» WORK INSTRUCTION: The reply should hold every line of the listing exactly, and none of its images.

» RECORDS TO USE:
_ _ _ _

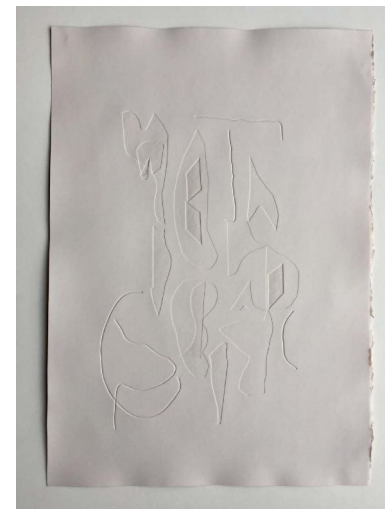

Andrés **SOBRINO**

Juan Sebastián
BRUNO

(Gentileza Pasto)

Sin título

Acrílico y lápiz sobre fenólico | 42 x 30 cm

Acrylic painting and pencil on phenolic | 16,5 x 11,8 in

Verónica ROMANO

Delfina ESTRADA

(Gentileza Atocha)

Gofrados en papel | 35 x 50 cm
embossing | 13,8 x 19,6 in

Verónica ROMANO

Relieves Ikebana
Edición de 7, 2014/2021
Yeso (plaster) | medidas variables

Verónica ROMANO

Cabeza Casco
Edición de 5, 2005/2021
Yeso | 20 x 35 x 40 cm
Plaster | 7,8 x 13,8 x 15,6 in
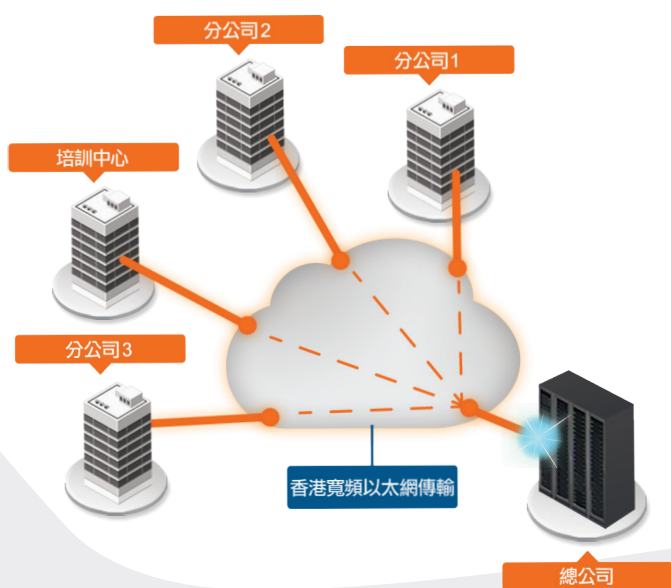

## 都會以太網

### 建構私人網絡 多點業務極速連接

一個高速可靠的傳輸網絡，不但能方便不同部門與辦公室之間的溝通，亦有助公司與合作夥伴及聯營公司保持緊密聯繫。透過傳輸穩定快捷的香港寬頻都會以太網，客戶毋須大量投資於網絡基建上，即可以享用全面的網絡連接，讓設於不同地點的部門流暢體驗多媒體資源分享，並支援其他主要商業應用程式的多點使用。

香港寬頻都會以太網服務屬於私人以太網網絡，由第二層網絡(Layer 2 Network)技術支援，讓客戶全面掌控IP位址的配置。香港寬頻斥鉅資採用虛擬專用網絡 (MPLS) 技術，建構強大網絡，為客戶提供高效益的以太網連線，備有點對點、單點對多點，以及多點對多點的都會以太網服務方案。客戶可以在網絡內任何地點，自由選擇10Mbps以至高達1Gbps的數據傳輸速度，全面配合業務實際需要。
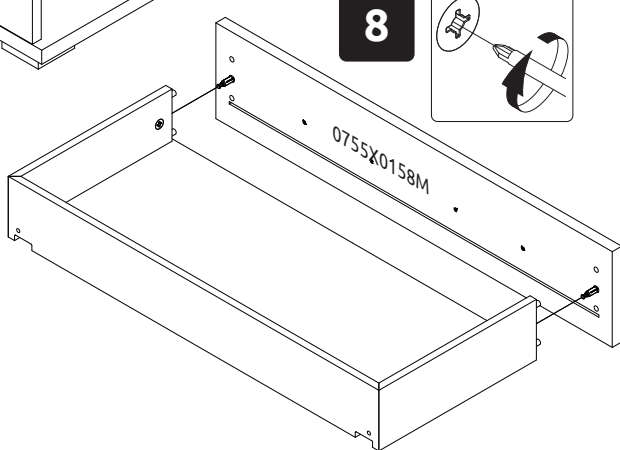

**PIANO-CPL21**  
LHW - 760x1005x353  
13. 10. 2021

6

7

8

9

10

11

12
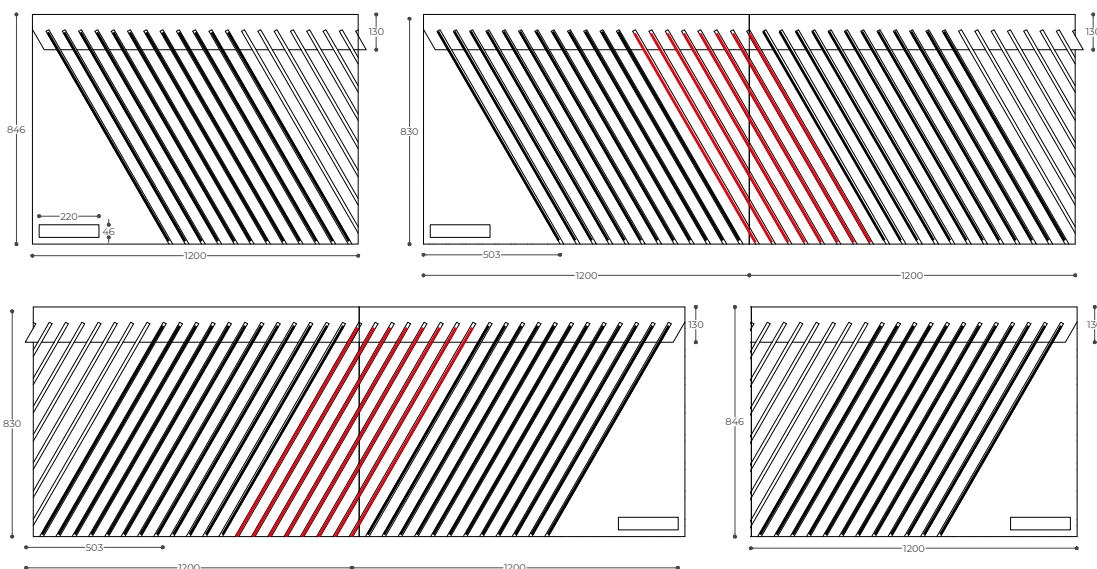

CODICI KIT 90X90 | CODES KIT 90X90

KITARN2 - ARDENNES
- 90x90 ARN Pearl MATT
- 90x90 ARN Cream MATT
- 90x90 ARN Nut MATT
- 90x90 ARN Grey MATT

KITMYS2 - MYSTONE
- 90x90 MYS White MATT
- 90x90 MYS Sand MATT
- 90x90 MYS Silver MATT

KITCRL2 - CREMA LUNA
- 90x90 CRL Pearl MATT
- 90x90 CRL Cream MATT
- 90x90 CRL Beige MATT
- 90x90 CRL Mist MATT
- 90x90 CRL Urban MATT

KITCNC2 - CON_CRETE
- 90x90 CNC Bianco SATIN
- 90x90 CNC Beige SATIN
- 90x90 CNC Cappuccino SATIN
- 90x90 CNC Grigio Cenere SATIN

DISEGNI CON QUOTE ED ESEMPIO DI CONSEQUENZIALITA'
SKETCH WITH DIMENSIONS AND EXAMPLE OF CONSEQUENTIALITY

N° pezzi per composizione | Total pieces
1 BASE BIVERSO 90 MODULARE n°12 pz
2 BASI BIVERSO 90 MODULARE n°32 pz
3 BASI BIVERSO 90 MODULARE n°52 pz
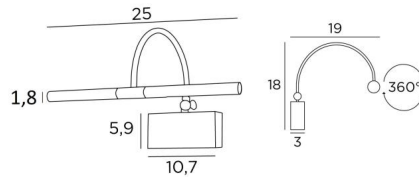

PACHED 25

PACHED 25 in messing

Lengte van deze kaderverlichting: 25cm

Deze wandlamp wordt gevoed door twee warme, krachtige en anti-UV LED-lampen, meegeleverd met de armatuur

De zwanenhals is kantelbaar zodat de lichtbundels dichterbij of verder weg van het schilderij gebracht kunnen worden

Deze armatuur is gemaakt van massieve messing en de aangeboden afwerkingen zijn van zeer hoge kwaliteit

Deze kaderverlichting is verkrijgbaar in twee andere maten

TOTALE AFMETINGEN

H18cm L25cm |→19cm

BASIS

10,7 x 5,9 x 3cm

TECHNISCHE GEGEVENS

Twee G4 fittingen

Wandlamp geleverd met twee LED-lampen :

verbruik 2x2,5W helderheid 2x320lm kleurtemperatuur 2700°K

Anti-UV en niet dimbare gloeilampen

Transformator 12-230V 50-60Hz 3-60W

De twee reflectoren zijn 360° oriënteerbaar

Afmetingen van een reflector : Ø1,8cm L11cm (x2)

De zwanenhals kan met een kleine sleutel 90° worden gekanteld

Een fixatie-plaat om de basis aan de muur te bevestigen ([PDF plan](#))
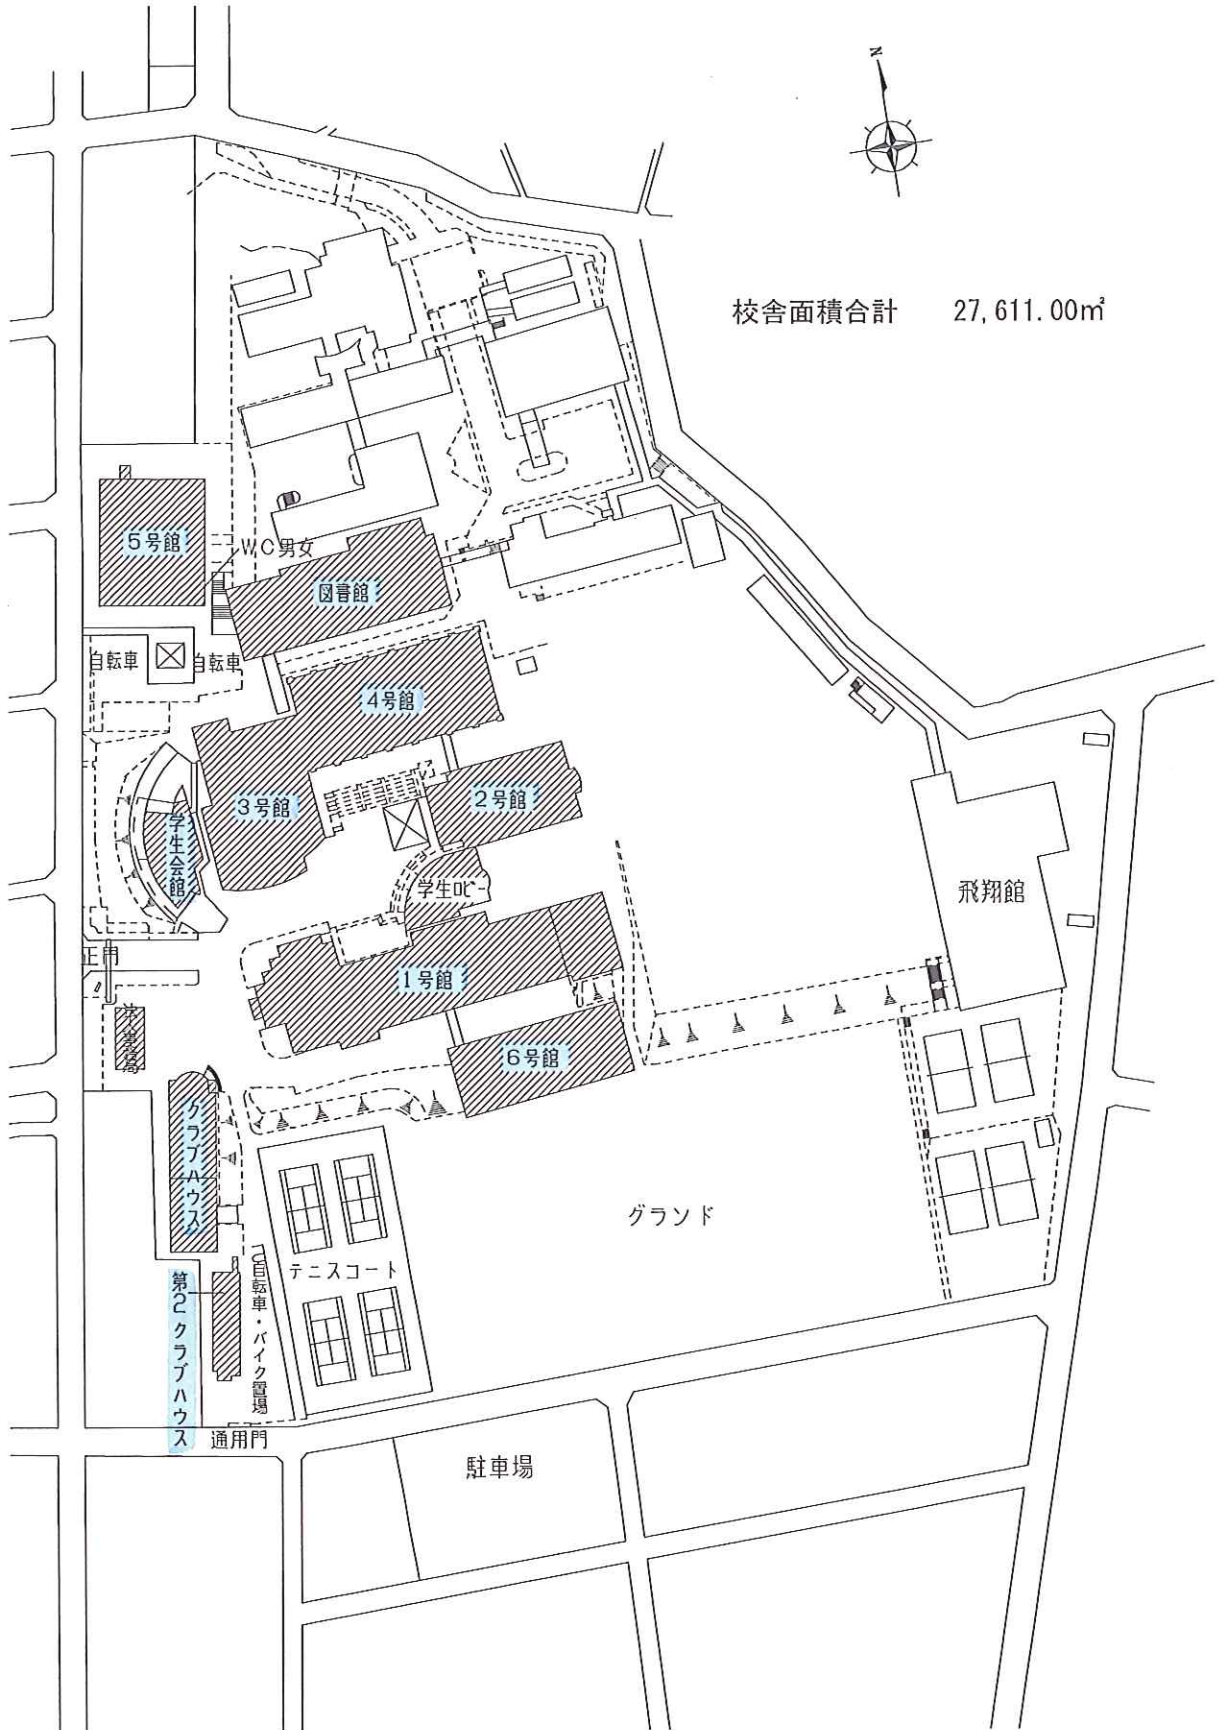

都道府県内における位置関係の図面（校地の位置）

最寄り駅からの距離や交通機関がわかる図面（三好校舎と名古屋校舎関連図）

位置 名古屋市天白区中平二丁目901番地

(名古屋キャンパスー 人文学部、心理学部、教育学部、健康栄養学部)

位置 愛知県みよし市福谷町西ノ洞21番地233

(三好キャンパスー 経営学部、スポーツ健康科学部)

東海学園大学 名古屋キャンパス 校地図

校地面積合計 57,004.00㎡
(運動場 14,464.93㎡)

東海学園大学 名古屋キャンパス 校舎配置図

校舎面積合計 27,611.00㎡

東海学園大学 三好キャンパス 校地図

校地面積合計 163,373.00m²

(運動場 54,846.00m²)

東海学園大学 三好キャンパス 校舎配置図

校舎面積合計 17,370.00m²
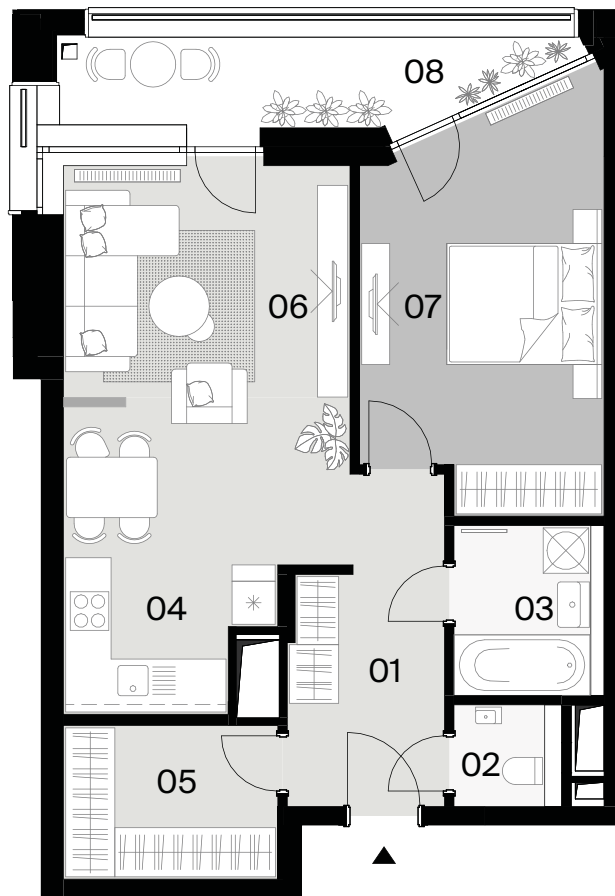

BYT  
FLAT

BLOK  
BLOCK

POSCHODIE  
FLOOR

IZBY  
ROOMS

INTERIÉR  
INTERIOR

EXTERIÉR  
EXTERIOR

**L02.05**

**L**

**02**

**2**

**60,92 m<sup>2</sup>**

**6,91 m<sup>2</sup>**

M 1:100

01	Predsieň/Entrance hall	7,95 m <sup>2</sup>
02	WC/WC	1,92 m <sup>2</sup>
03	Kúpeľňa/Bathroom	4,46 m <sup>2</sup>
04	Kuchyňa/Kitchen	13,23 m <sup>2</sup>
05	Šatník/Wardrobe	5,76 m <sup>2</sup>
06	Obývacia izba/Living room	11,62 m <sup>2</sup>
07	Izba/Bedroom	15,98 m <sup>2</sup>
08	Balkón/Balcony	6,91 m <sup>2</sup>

_ _ _ _

» SOLVED EXERCISE:
Andrés **SOBRINO**

Juan Sebastián
BRUNO

(Gentileza Pasto)

Sin título

Acrílico y lápiz sobre fenólico | 42 x 30 cm

Acrylic painting and pencil on phenolic | 16,5 x 11,8 in

Verónica ROMANO

Delfina ESTRADA

(Gentileza Atocha)

Gofrados en papel | 35 x 50 cm
embossing | 13,8 x 19,6 in

Verónica ROMANO

Relieves Ikebana
Edición de 7, 2014/2021
Yeso (plaster) | medidas variables

Verónica ROMANO

Cabeza Casco
Edición de 5, 2005/2021
Yeso | 20 x 35 x 40 cm
Plaster | 7,8 x 13,8 x 15,6 in

## 都會以太網

### 建構私人網絡 多點業務極速連接

一個高速可靠的傳輸網絡，不但能方便不同部門與辦公室之間的溝通，亦有助公司與合作夥伴及聯營公司保持緊密聯繫。透過傳輸穩定快捷的香港寬頻都會以太網，客戶毋須大量投資於網絡基建上，即可以享用全面的網絡連接，讓設於不同地點的部門流暢體驗多媒體資源分享，並支援其他主要商業應用程式的多點使用。

香港寬頻都會以太網服務屬於私人以太網網絡，由第二層網絡(Layer 2 Network)技術支援，讓客戶全面掌控IP位址的配置。香港寬頻斥鉅資採用虛擬專用網絡 (MPLS) 技術，建構強大網絡，為客戶提供高效益的以太網連線，備有點對點、單點對多點，以及多點對多點的都會以太網服務方案。客戶可以在網絡內任何地點，自由選擇10Mbps以至高達1Gbps的數據傳輸速度，全面配合業務實際需要。

**PIANO-CPL21**  
LHW - 760x1005x353  
13. 10. 2021

6

7

8

9

10

11

12

CODICI KIT 90X90 | CODES KIT 90X90

KITARN2 - ARDENNES
- 90x90 ARN Pearl MATT
- 90x90 ARN Cream MATT
- 90x90 ARN Nut MATT
- 90x90 ARN Grey MATT

KITMYS2 - MYSTONE
- 90x90 MYS White MATT
- 90x90 MYS Sand MATT
- 90x90 MYS Silver MATT

KITCRL2 - CREMA LUNA
- 90x90 CRL Pearl MATT
- 90x90 CRL Cream MATT
- 90x90 CRL Beige MATT
- 90x90 CRL Mist MATT
- 90x90 CRL Urban MATT

KITCNC2 - CON_CRETE
- 90x90 CNC Bianco SATIN
- 90x90 CNC Beige SATIN
- 90x90 CNC Cappuccino SATIN
- 90x90 CNC Grigio Cenere SATIN

DISEGNI CON QUOTE ED ESEMPIO DI CONSEQUENZIALITA'
SKETCH WITH DIMENSIONS AND EXAMPLE OF CONSEQUENTIALITY

N° pezzi per composizione | Total pieces
1 BASE BIVERSO 90 MODULARE n°12 pz
2 BASI BIVERSO 90 MODULARE n°32 pz
3 BASI BIVERSO 90 MODULARE n°52 pz

PACHED 25

PACHED 25 in messing

Lengte van deze kaderverlichting: 25cm

Deze wandlamp wordt gevoed door twee warme, krachtige en anti-UV LED-lampen, meegeleverd met de armatuur

De zwanenhals is kantelbaar zodat de lichtbundels dichterbij of verder weg van het schilderij gebracht kunnen worden

Deze armatuur is gemaakt van massieve messing en de aangeboden afwerkingen zijn van zeer hoge kwaliteit

Deze kaderverlichting is verkrijgbaar in twee andere maten

TOTALE AFMETINGEN

H18cm L25cm |→19cm

BASIS

10,7 x 5,9 x 3cm

TECHNISCHE GEGEVENS

Twee G4 fittingen

Wandlamp geleverd met twee LED-lampen :

verbruik 2x2,5W helderheid 2x320lm kleurtemperatuur 2700°K

Anti-UV en niet dimbare gloeilampen

Transformator 12-230V 50-60Hz 3-60W

De twee reflectoren zijn 360° oriënteerbaar

Afmetingen van een reflector : Ø1,8cm L11cm (x2)

De zwanenhals kan met een kleine sleutel 90° worden gekanteld

Een fixatie-plaat om de basis aan de muur te bevestigen ([PDF plan](#))

都道府県内における位置関係の図面（校地の位置）

最寄り駅からの距離や交通機関がわかる図面（三好校舎と名古屋校舎関連図）

位置 名古屋市天白区中平二丁目901番地

(名古屋キャンパスー 人文学部、心理学部、教育学部、健康栄養学部)

位置 愛知県みよし市福谷町西ノ洞21番地233

(三好キャンパスー 経営学部、スポーツ健康科学部)

東海学園大学 名古屋キャンパス 校地図

校地面積合計 57,004.00㎡
(運動場 14,464.93㎡)

東海学園大学 名古屋キャンパス 校舎配置図

校舎面積合計 27,611.00㎡

東海学園大学 三好キャンパス 校地図

校地面積合計 163,373.00m²

(運動場 54,846.00m²)

東海学園大学 三好キャンパス 校舎配置図

校舎面積合計 17,370.00m²

BYT  
FLAT

BLOK  
BLOCK

POSCHODIE  
FLOOR

IZBY  
ROOMS

INTERIÉR  
INTERIOR

EXTERIÉR  
EXTERIOR

**L02.05**

**L**

**02**

**2**

**60,92 m<sup>2</sup>**

**6,91 m<sup>2</sup>**

M 1:100

01	Predsieň/Entrance hall	7,95 m <sup>2</sup>
02	WC/WC	1,92 m <sup>2</sup>
03	Kúpeľňa/Bathroom	4,46 m <sup>2</sup>
04	Kuchyňa/Kitchen	13,23 m <sup>2</sup>
05	Šatník/Wardrobe	5,76 m <sup>2</sup>
06	Obývacia izba/Living room	11,62 m <sup>2</sup>
07	Izba/Bedroom	15,98 m <sup>2</sup>
08	Balkón/Balcony	6,91 m <sup>2</sup>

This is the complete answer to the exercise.